Records supplied Block Start

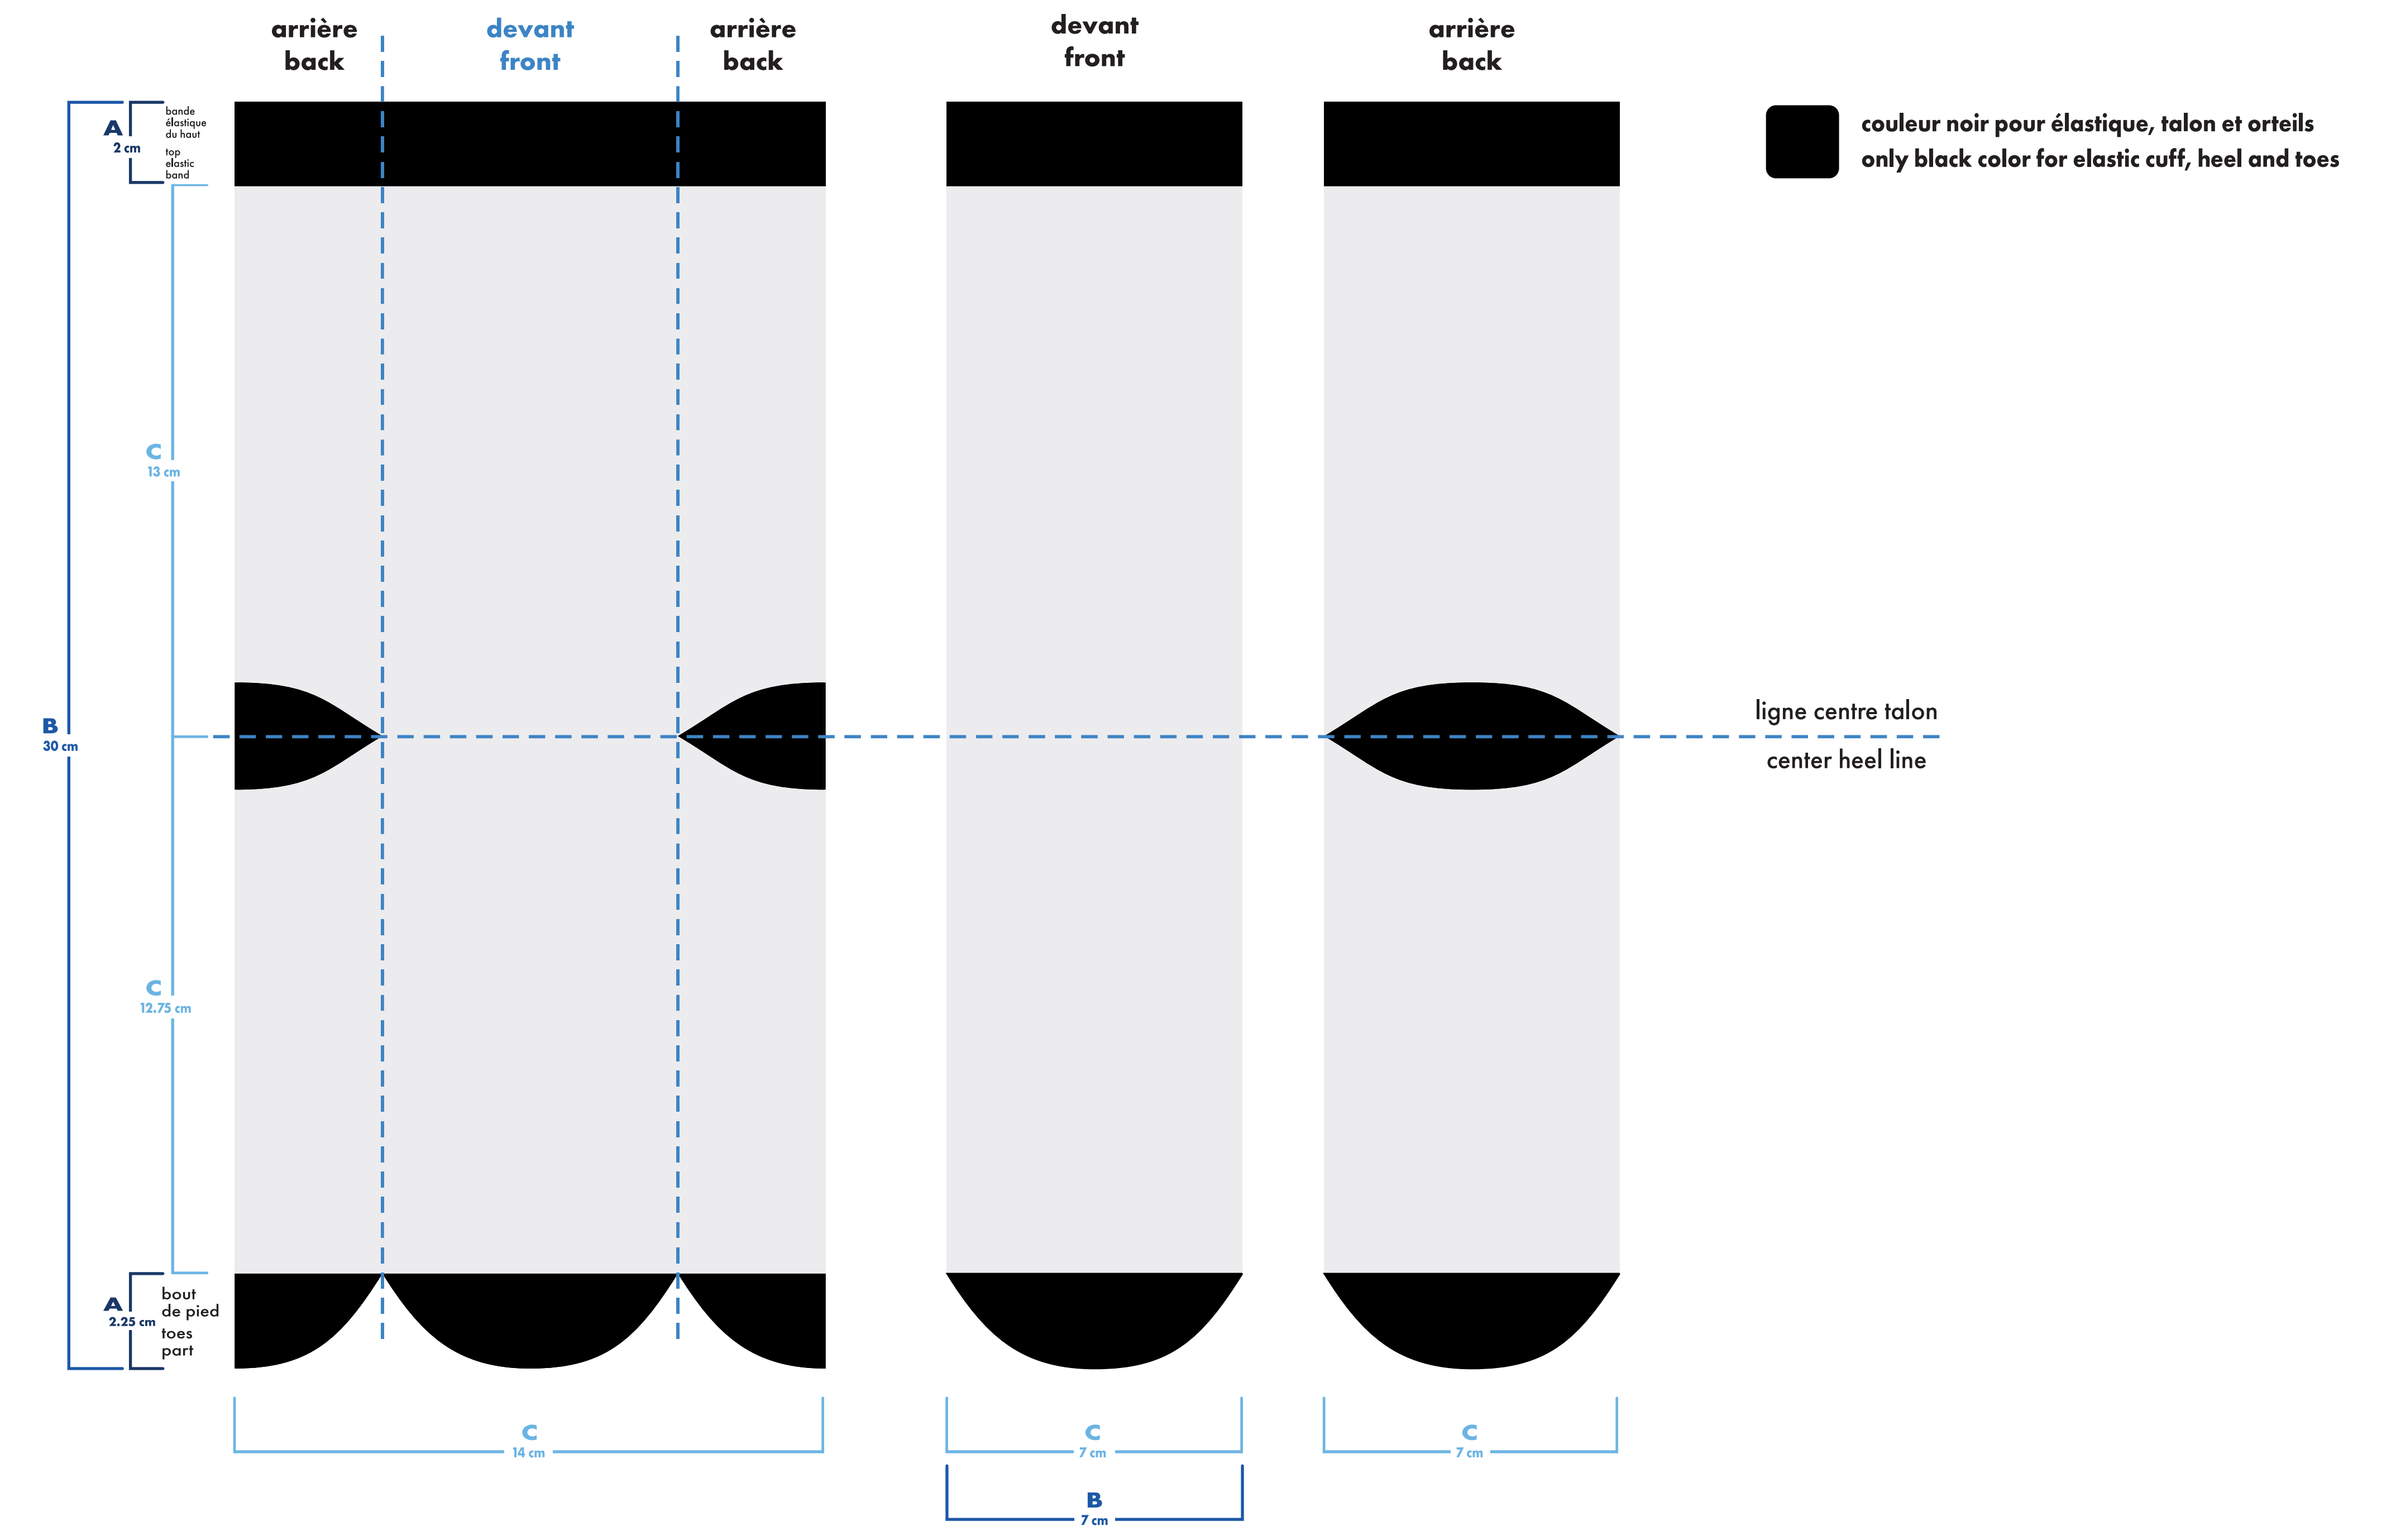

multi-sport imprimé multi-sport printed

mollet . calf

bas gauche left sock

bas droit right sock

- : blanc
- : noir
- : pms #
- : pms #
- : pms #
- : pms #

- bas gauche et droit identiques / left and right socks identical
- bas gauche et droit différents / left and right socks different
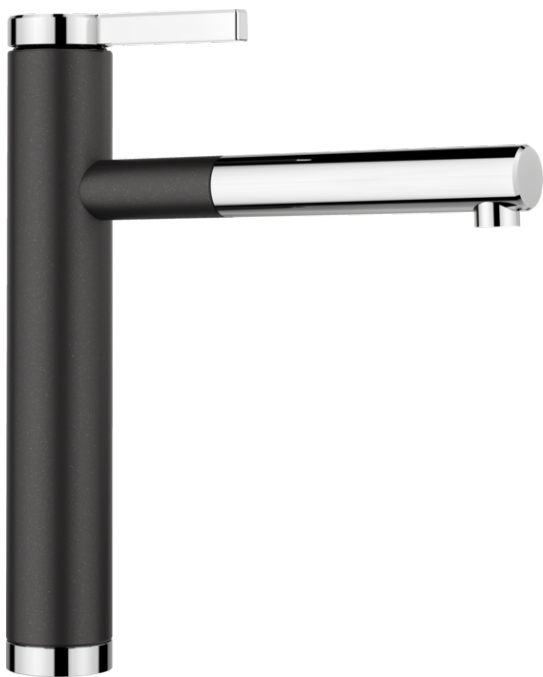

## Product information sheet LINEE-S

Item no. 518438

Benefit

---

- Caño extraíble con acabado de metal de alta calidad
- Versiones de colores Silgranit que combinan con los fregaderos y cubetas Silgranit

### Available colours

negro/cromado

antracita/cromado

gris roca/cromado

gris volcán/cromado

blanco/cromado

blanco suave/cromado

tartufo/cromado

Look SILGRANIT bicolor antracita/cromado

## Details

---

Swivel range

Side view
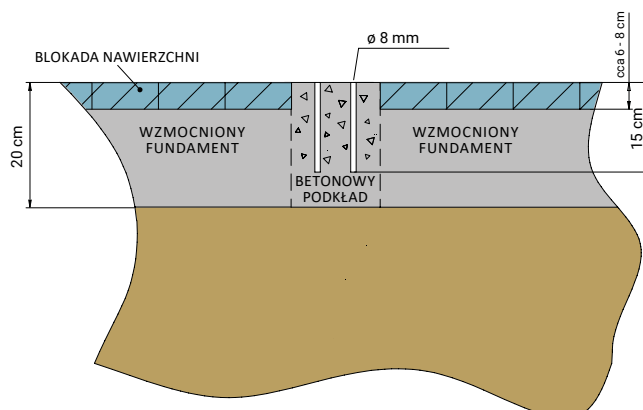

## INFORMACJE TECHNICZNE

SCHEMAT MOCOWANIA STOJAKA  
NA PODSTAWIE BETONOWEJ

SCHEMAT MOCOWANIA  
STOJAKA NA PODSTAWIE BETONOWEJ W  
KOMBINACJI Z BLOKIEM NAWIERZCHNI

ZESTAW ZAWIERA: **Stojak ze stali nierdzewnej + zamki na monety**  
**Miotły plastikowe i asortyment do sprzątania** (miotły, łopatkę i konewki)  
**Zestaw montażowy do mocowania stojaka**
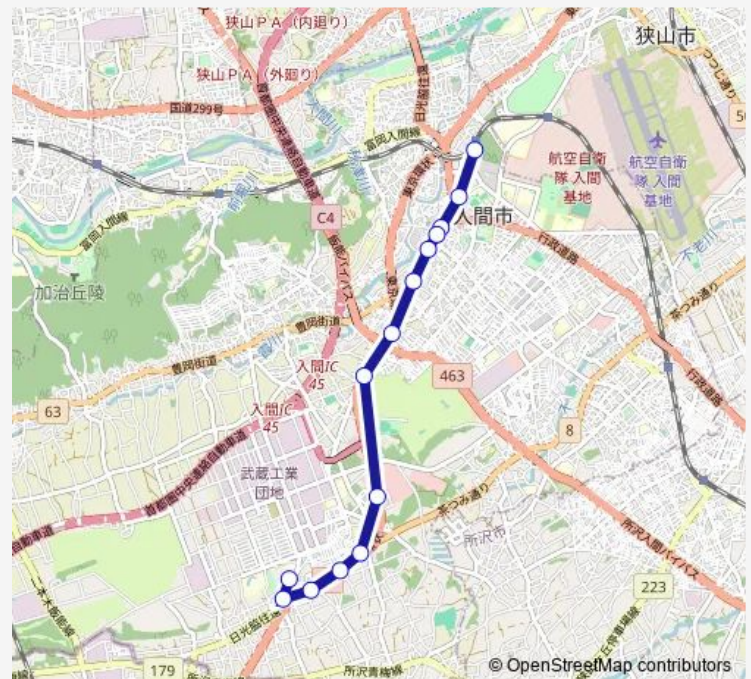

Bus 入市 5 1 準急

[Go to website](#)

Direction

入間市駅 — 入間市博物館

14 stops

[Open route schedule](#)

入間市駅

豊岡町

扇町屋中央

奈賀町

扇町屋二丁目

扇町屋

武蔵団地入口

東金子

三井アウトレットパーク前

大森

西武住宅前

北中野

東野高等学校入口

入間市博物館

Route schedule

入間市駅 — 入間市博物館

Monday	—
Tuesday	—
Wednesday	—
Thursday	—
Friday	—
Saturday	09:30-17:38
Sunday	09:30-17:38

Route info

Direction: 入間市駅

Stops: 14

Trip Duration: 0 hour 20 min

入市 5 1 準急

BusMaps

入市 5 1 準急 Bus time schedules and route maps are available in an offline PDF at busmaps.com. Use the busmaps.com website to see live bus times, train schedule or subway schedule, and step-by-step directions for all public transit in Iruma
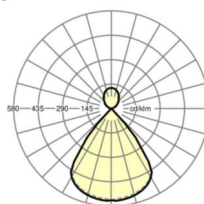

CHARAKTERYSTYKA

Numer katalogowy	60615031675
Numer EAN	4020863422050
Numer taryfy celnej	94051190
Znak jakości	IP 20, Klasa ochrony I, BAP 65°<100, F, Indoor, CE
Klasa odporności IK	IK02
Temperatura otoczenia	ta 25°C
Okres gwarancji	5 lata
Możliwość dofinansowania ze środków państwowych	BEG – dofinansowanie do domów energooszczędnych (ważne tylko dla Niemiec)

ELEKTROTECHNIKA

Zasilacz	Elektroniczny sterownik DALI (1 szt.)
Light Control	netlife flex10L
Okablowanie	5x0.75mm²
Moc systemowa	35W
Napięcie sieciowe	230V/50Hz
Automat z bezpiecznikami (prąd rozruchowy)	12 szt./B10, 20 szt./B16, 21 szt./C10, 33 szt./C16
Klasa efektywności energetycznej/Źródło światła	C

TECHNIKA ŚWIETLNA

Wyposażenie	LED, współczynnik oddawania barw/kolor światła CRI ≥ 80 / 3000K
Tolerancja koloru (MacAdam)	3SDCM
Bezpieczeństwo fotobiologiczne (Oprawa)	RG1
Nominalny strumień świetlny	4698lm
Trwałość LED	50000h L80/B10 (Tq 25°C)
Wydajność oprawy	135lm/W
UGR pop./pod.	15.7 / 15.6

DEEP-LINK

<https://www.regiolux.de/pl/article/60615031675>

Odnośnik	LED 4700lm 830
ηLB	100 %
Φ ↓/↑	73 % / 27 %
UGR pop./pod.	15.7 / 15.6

Records supplied Block End

» **Work to complete**: Would you please return all lines from the listing above that contain "right"?

» **Solution for this task**:
bas droit right sock
- bas gauche et droit identiques / left and right socks identical
- bas gauche et droit différents / left and right socks different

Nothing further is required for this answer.